Furthermore, burnout often contains compassion fatigue and moral injury, as well as secondary stress and trauma as well. Burnout is a much wider lens on the condition of struggle.
Compassion fatigue often is an early sign of burnout. Humans are highly attuned, interdependent, empathetic creatures. We have to be acculturated –often traumatized in the process–away from these instincts for compassion fatigue to arise. When we are chronically exhausted from giving of our energy to care, we withdraw, causing more problems such as addiction and social isolation.
Just like with burnout, I know compassion fatigue from experience. As a young mom with three kids, there were times I felt completely spent. There was a once phase when my child was crying from 3-5am every night, and I still had to get up with the other two in the morning. I remember detaching from emotion of it all, and becoming a near ghost of myself during that time. I had difficulty connecting to my infant, due to my exhaustion, and instead was more irritated at my baby, not feeling loving. This was compassion fatigue. I knew enough to step away and access my resources, and it resolved on its own, most obviously when my child began to sleep again and I was back to my own rest.
Why wasn’t it burnout? I had support–I had access to childcare if I needed it; I was able to go to the store and not worry about whether I had enough money for my children to eat, I could get a nap in here and there because I had a supportive partner, I was able-bodied and had access to my baby easily without barriers, I had hope because I saw other moms cope with these things, etc, etc.

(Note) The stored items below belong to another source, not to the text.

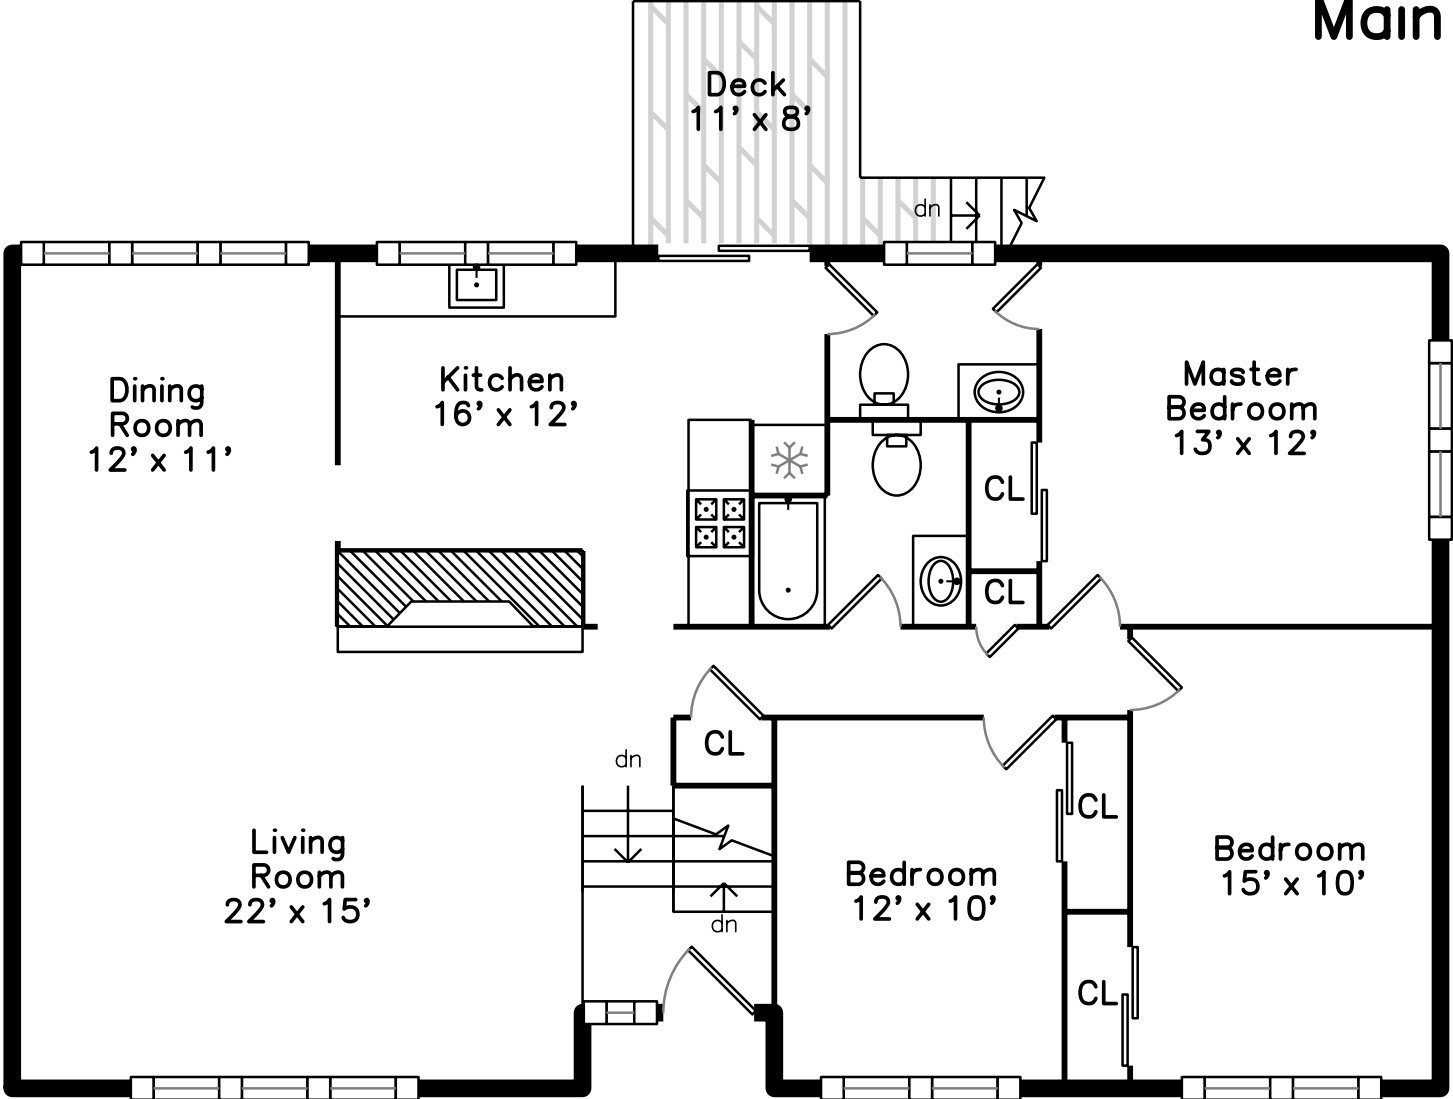

Main

Lower

**4 Parliament Lane
Woburn, MA 01801**

PicturePlan by vis-home

Measurements may not be 100% accurate.
Floor plans are provided for convenience only.
Room sizes are not used to calculate area.

Main

Outside

Living Room

Living Room

Living Room

Dining Room

Dining Room

Kitchen

Kitchen

Kitchen

Master Bedroom

Master Bedroom

Bathroom

Bathroom

Bedroom

Bedroom

Bedroom

Bedroom

Bathroom

Bathroom

Deck

Many parents experience compassion fatigue, especially when they have challenging situations with children who are highly sensitive, have health problems, are colicky as infants, etc. While parents may feel compassion fatigue, when they are not given the time, given the financial support, and offered the emotional sustainability to step away from their parenting role and tend to their own needs–they become burned out. While they have difficulty connecting to their child, because it is systemically-based in the oppressive practice of lack of resourcing, they are actually burned out.
While compassion fatigue often is passing, burnout is usually chronic without addressing the core causes. Phases come and go in our caregiving roles, and things lighten up, and we are able to take steps away to breathe and renew. With burnout, though, feeling exhausted and disconnected is part of the systemic inequities and oppressions involved, and so burnout without multi-factorial care is often persistent and repeats itself over a career or lifetime.
Burnout is a psycho-spiritual condition. We get a nourished sense of connection when we are given opportunity to do the work and live the lives we feel we are meant to live. When our agency and autonomy is taken away, it dehumanizes us. We are disconnected from our internal sensors highly sensitive to power differentials and self-protection. Burnout
Knowing the Difference Matters
We can feel compassion fatigue without burnout, and we can feel burned out without compassion fatigue. There are similar ways to attend to both, but in general while compassion fatigue is specialized to caregiving roles, burnout often affects people in all types of work. it is important to know the difference if you are seeking therapy so that the source of your difficulties can be addressed and you can move forward towards your resiliency and recovery with confidence.